A lot of people are applauding that, most of them snidely, some of them misogynistically. They snicker as they note that she has held eight different cabinet positions and run with four different parties. After all, in Israeli society, there is nothing worse than being a freier, a sucker, the one left holding the bag. And that’s what has happened to Livni time after time.

Though the Likud’s 2005 Disengagement from Gaza was Ariel Sharon’s brainchild, and his #2, Finance Minister Benjamin Netanyahu, voted for it four separate times, the blame for its missteps is laid at her feet. It was the Bush Administration that wanted Palestinian legislative elections to happen less than six months later, with the participation of Hamas, but sure, that was her fault too. Ehud Olmert’s corruption ended his own premiership, and he handed the party off to Tzipi, his foreign minister (arguably, the last real foreign minister Israel has had). She managed to win more seats than Netanyahu in the subsequent elections, but he had made prior arrangements with the ultra-Orthodox parties to deny her the PM’s seat. Then Shaul Mofaz took her party — all the way from having the most seats in Knesset to the fewest.

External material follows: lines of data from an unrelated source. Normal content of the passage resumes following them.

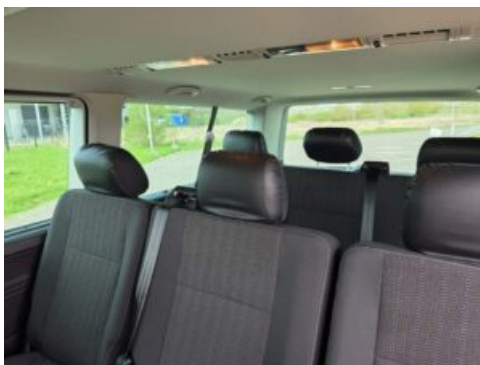

Volkswagen T6 Caravelle,9 Sitzer, langer Radts.,Mwst. auswb.

Kontakt

CAMION IMPEX GmbH
Bahnhofstraße 42
19230 Hagenow

Tel.: +49 (0)3883 619910
E-Mail: camion-impex@mobile.de

Volkswagen T6 Caravelle,9 Sitzer, langer Radts.,Mwst. auswb.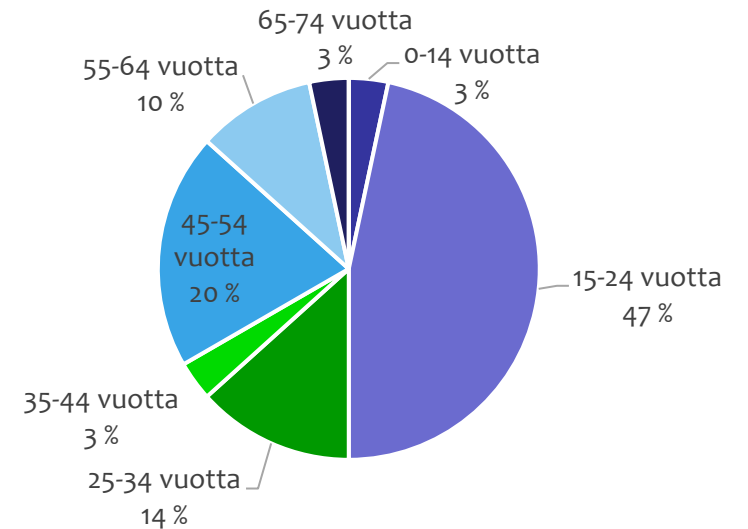

# Tieliikenneonnettomuudet Haapavedellä 2017-2021

## (Tilastokeskuksen ennakkotieto 2021)

Kuolleet		Loukkaantuneet
1		1
		4
		2
3		22
		1
<b>3</b>		<b>30</b>

Liikenneonnettomuuksissa loukkaantuneet (n=30)

Onnettomuudet kartalla: [Poliisin tilastoimat](#), [Pelastustoimen tilastoimat](#), [Hirvieläinonnettomuudet](#)

Huomionarvoista on, että suuri osa mm. polkupyöräilijöiden loukkaantumiseen johtavista yksittäisonnettomuuksista jää poliisin ja pelastuslaitoksen tilastojen ulkopuolelle.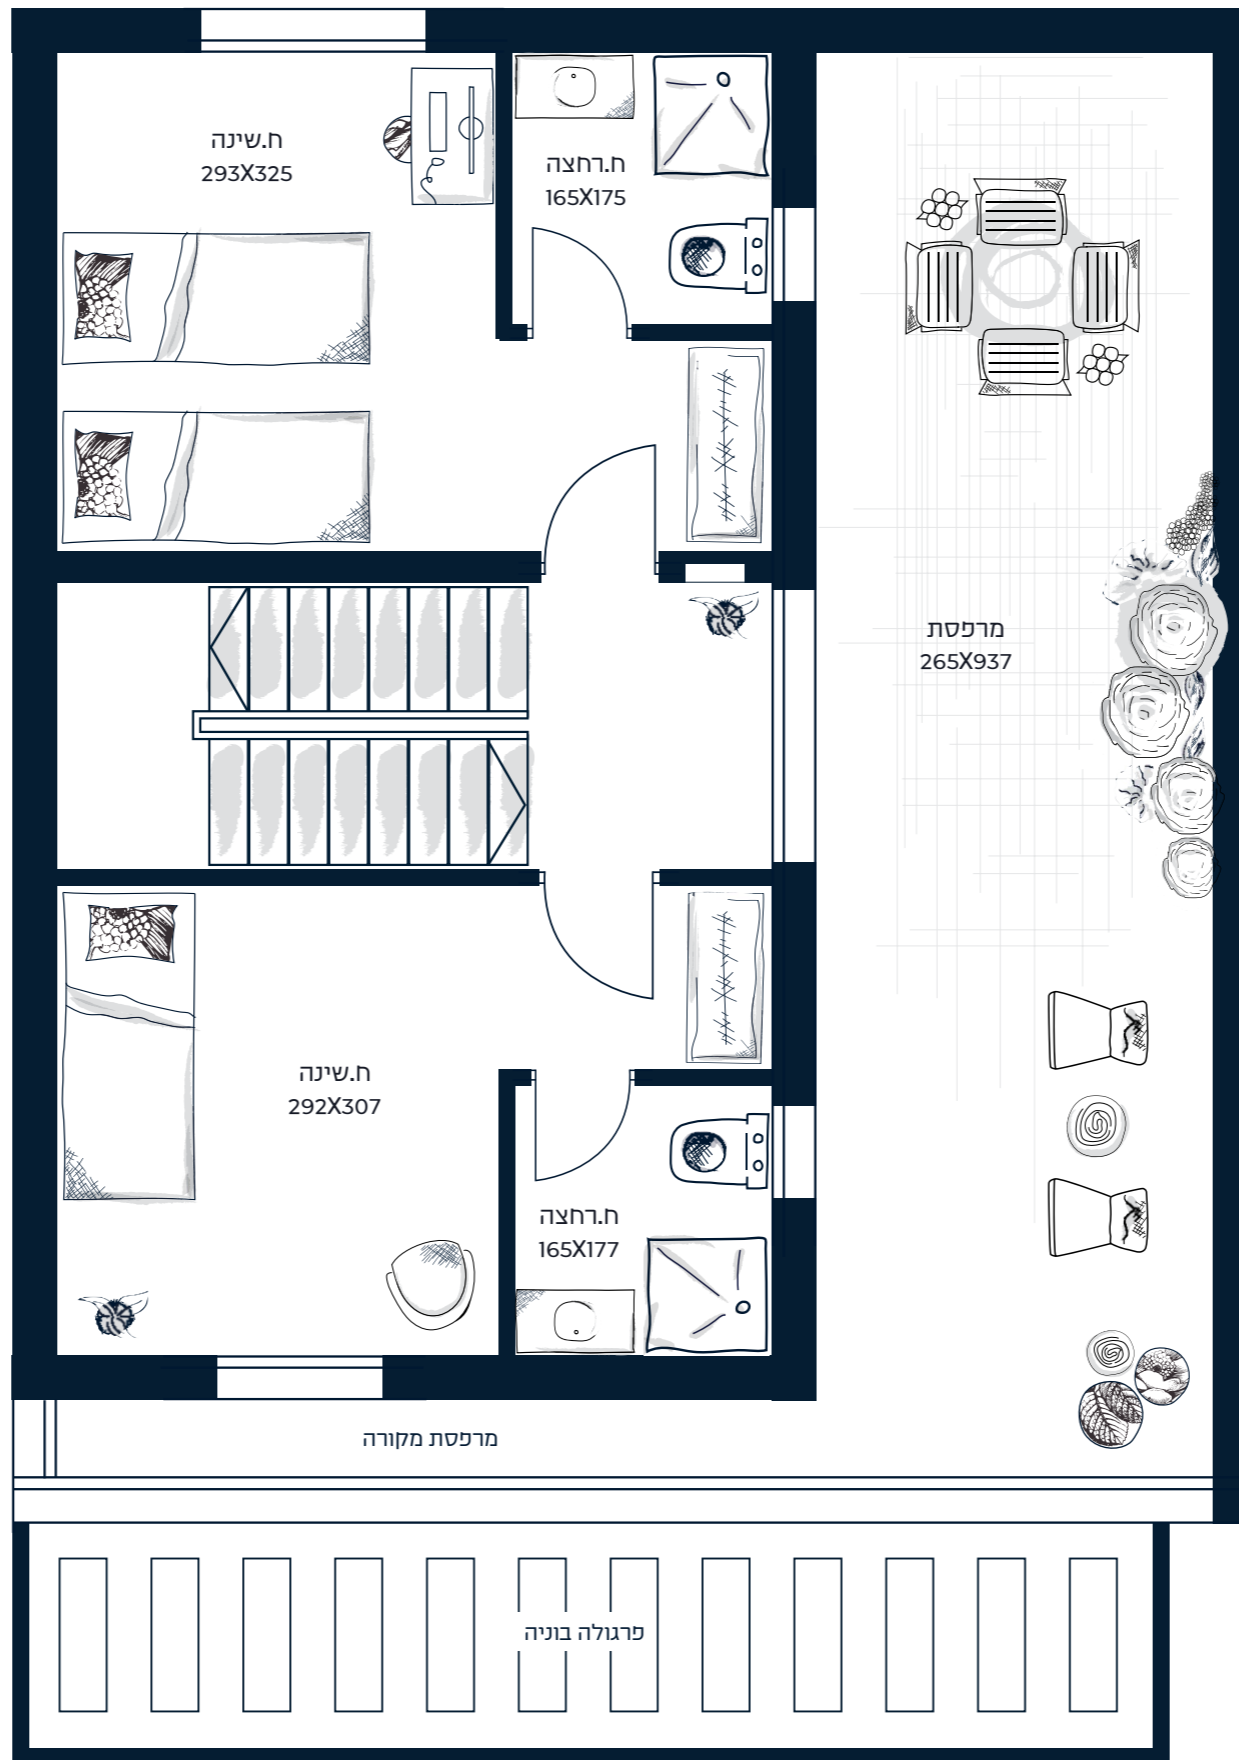

EUCALYPTUS

אקליפטוס. הבית הטבעי שלי

דירה 1 | 7 חדרים

שטח דירה: 251 מ"ר שטח מרפסות: 67.92 מ"ר

B דירה 1

1-

קומה 1-
חדר שינה מחסן חניות ובייסמנט

שטח קומה: 57.70 מ"ר
שטח מחסן: 6.86 מ"ר

דירה 10 B

0

קומה 0
סלון, מטבח וחדר שינה

שטח קומה: 80.18 מ"ר
גינה: ? מ"ר

שטח מקורה: 13.28 מ"ר

ההדמיות, התכניות והפרטים בפרוספקט זה, הינן למסירת מידע בלבד ואינם מהווים כל התחייבות של החברה. את החברה יחייב ההסכם והמפרט הטכני לפי חוק המכר, שעליו יחתמו החברה והרוכשים. תכנון המטבח והריהוט בדירה הינם סקיצה רעיונית בלבד ואינם מחייבים את החברה בשום צורה שהיא.

B דירה 1

1

קומה ראשונה
חדרי מגורים

שטח קומה: 66.69 מ"ר
שטח מרפסת: 11.47 מ"ר

B דירה 1

2

קומה שניה
חדרי מגורים

שטח קומה: 46.52 מ"ר
שטח מרפסת: 36.31 מ"ר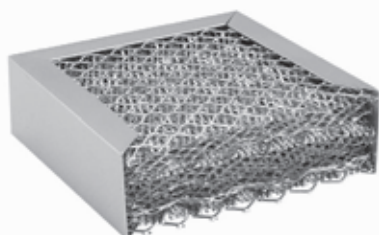

FILTRI ANTIGRASSO IN RETE STIRATA

Barriera contro gli insetti.

Un'efficace ostacolo
contro gli insetti, a
norma di legge in
materia d'igiene nella
ristorazione
(D.P.R. 26/03/1980
n. 237).

Tranquillità totale in caso d'ispezioni.

Le caratteristiche
tecniche dei filtri
sono una sicura
garanzia in caso di
controlli da parte
degli organi ispettivi
vigenti.

Durata nel tempo e facilità di manutenzione.

I filtri in acciaio Inox
vengono rigenerati
mediante un semplice
lavaggio con comuni
detersivi
biodegradabili.

**PIENAMENTE RISPONDENTI
ALLE LEGGI IN MATERIA
D'IGIENE NELLA RISTORAZIONE
(D.P.R. 26/03/1980 n. 237)**

**A richiesta
possibilità di
misure speciali**

Misure standard
a magazzino

FILTRI IN RETE STIRATA

mm 400 x 400 x h 12/20

mm 500 x 400 x h 12/20

mm 500 x 500 x h 12/20

mm 600 x 400 x h 12/20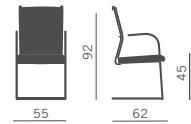

03 | KOSMO PLUS

Poltrona direzionale con schienale supportato da una rete nera e profili in alluminio lucido con cuscino removibile, rivestito come il sedile.

Executive armchair with polished aluminium profiles and black mesh backrest with upper removable cushion upholstered like the seat.

Fauteuil direction: structure dossier en profilés d'aluminium poli et résille noire avec coussin amovible, revêtu idem assise.

Chefsessel mit Rückenlehne getragen von Profilen aus poliertem Aluminium und schwarzem Membran, mit abnehmbarem Kissen gepolstert wie den Sitz.

Sillón direccional con respaldo tapizado soportado por perfiles en aluminio pulido y malla negra con cojin intercambiable, tapizado como el asiento.

Schienale basso - Low back

Portagiacca/Jacket hook
Cintre porte veste
Sakkobügel/Perchero
KSM151

Regolazione appoggio lombare
Adjustment of lumbar support
Réglage du support lombaire
Einstellung der Lumbalstütze
Regulación apoyo lumbar

KSM150

Bracciolo alluminio, con soprabracciolo imbottito o poliuretano nero
Aluminium arm, padded or black polyurethane top

4D
Bracciolo regolabile, orientabile, allungabile, allargabile
Adjustable, rotating, extensible, stretchable arm

PU Pad

MECCANISMI / MECHANISMS

A richiesta/by request
Normativa europea EN 1335

A richiesta/by request
Omologazione al fuoco Classe 1IM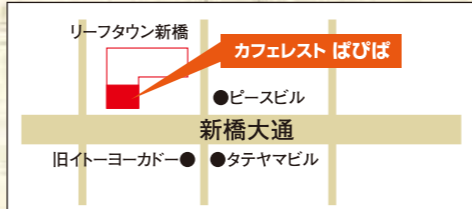

【内容】毎週水~金、Lifeやチラシのポスティング
【時間】3~18時の自分に都合の良い時間帯で配布可能
【報酬】配布枚数×単価
【応募】右記に電話で面接のお申し込みを下さい。(面接時、履歴書必要です)

エリア地図を見ながら配布します

募集エリア...釧路町地区
①光和 ⑤豊美
②新開 ⑥国巻・若葉
③桂・桂木 ⑦睦
④睦 1エリア100~250部程度
配布して頂くLifeやチラシなどはご自宅までお届け致します。詳しくはお問合せ下さい。

釧路新聞グループ (有)せんしんサービス
☎(0154) 32-7946
受付時間 月~金 10:00~16:00

気分が上がるがっつり系カフェごはん!

ウチのイチオシ!!

プライベート感あふれる店内で、こだわりの料理が楽しめるカフェレストばび。パンケーキやラテアートなどSNS映えるメニューが豊富で、春になればワンちゃん同伴でお店に行くことも出来ます。店主の嶋倉さんは「女子会やアートなどにもお気軽にご利用下さい。」と笑顔で呼び掛ける。

カフェレスト ばび
釧路市新橋大通6-115 リーフタウン1-A

●営業時間 11:00~18:00
●定休日 木曜日
●電話 0154-64-6188

ポークチャップライスプレート 1,000円(税込)

自家製の濃厚デミグラスソースと、道東産の柔らかい豚肉がしっかりと絡み合う! お米との相性は抜群で、ご飯がみるみるうちに進んじやいます。サラタは日替わり、ミニグラタンはチーズがたっぷり入っていて濃厚&クリーミー。是非一度お召し上がりください。

4月 コミュニティ U-CAR オススメ情報!!

新型コロナウイルスの感染予防対策として、スタッフはマスクを着用させて頂きます事を予めご了承ください。また、店内には消毒用アルコールを準備し、感染拡大防止に努めております。何卒ご理解のほど、よろしくお願い申し上げます。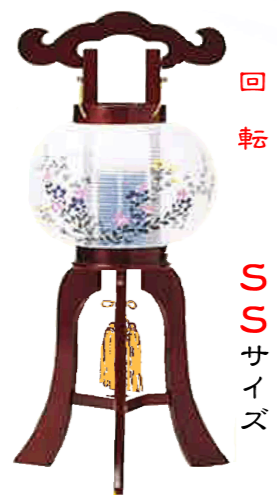

※ 消費税 別途申し受けます。

お盆の御供にもオススメです

LEDローソク

『いろはあかり』

サイズ 高16 巾8 奥8cm
単3型乾電池2本(電池別売)
特別価格 2,500円

炎がゆれます!

国内トップメーカー品 お取扱店

お仏壇のタカラ

堺市北区百舌鳥梅町3丁4-8
TEL:(072) 255-2085
FAX:(072) 255-2086
定休日: 木曜日(祝日の場合は営業)

お盆提灯は上品で涼しげな木製を

◎ お葬式の提灯は無料にて、お引取り致します。

行灯
ミニサイズ

はつね
初音 木製
行灯・絹張・高35cm
特別価格 12,500円

回転
SSサイズ

まどか回転 木製
回転・絹張・高47cm
特別価格 14,000円

行灯
SSサイズ

まどか行灯 木製
行灯・絹二重・高47cm
特別価格 16,500円

行灯
Sサイズ

マグネット

サクラ 木製
行灯・絹張・高56cm
特別価格 23,000円

行灯
Sサイズ

ふかせ
深瀬 木製
行灯・絹二重・高71cm
特別価格 23,000円

サイズ違いもございます
高71cm 25,000円
高78cm 27,500円

マグネット

組み立てが簡単です

中にマグネット

吊り提灯 コードレス

Mサイズ
電池ローソク灯付

やよい
弥生 (吊り)
絹張・電池ローソク灯付
特別価格 15,800円

Mサイズ
電池ローソク灯付

かおり桜 (吊り)
絹二重・電池ローソク灯付
特別価格 18,700円

回転
Sサイズ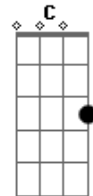

ukulele-chords.com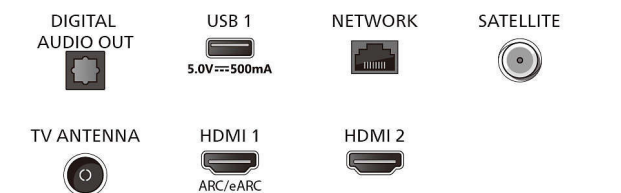

Connections

Side

Bottom

4K телевизор з Ambilight

Телевізор 164 см (65 дюймів) з AMBILIGHT Pixel Precise Ultra HD, Розумна платформа Titan OS, Звук Dolby Atmos

Специфікації

Smart TV

- Застосунки SmartTV*: Netflix, HBO, YouTube, Amazon Prime Video, Канал TITAN, Додаток NFT*, Додаток контролера STB
- ОС: ОС TITAN
- Об'єм пам'яті (флеш)*: 8 ГБ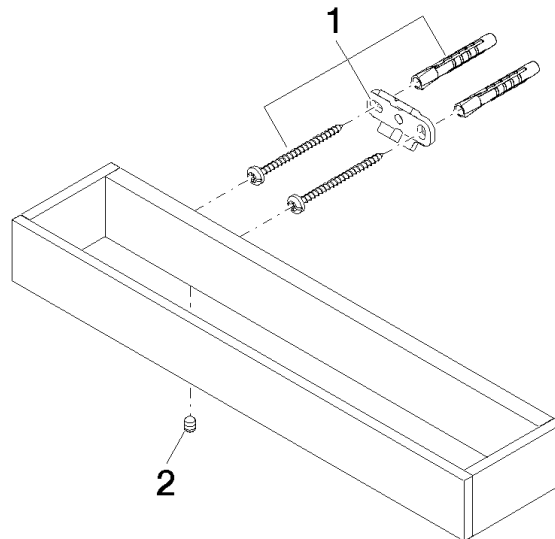

Bath grip - Chrome

MEM

83 030 780

- gauge 185 mm
- width 300mm
- height 35 mm
- 65mm projection

Fits: MEM, CYO

	Chrome	83 030 780-00
	Brushed Platinum	83 030 780-06
	Platinum	83 030 780-08
	Dark Chrome	83 030 780-19
	Brushed Durabronze (23kt Gold)	83 030 780-28
	Brushed Champagne (22kt Gold)	83 030 780-46
	Champagne (22kt Gold)	83 030 780-47
	Brushed Dark Platinum	83 030 780-99

83 030 780

mm [inches]

83 030 780

Parts for other
finishes can be found
here: Brushed
Platinum

Spare parts list

No.	Item Number	Name	Quantity used	Delivery time
1	05 17 20 717 00 90	fixing set	2	2
2	90 31 11 004 00 90	pin	2	2

She built a new party, coming back to the position in which she’d first distinguished herself, as Minister of Justice. Eventually, she’d join forces with Labor’s Isaac Herzog, ceding him the leadership role in a last-ditch attempt to beat Netanyahu in the last election. Then, in the run-up to this election, Labor’s new leader, Avi Gabbay, unceremoniously dumped her on live television. (I wonder why he doesn’t get criticism for jumping parties…) And now, alone again, naturally, it doesn’t seem like her party can get over the electoral threshold.

That same year that Tzipi first made it into the Knesset, another woman with a famous last name was striking out on her own, as Hillary Rodham Clinton ran for the Senate in New York, winning the retiring Daniel Patrick Moynihan’s seat the next year.

At the same time, another strong woman, Angela Merkel, was assuming control of the Christian Democrats in Germany. She would assume the chancellorship in late 2005. She’s still in that position, but she no longer heads the party and is also at the sunset of her political career.

I think there is something that binds them, beyond gender, hair color and career choice. None of them were supposed to succeed. Livni was the daughter of an Irgun power couple (the first people to marry in the newborn State of Israel!), but that was not exactly the route to power in the State’s early years; Clinton took her promising law career to Arkansas, a seeming dead end; Merkel hailed from East Germany. But throughout their careers, they shared the conviction that democracy, diplomacy and capitalism work, even as Israel, America and Europe seem to be drifting away from that belief. They have earned enemies on the right and the left as they have evolved as politicians. They have absorbed all the slings and arrows of their critics with equanimity. And they have changed their societies forever. I hope that we have not seen the last of them.

In the meantime, let me just say: Thank you, for everything.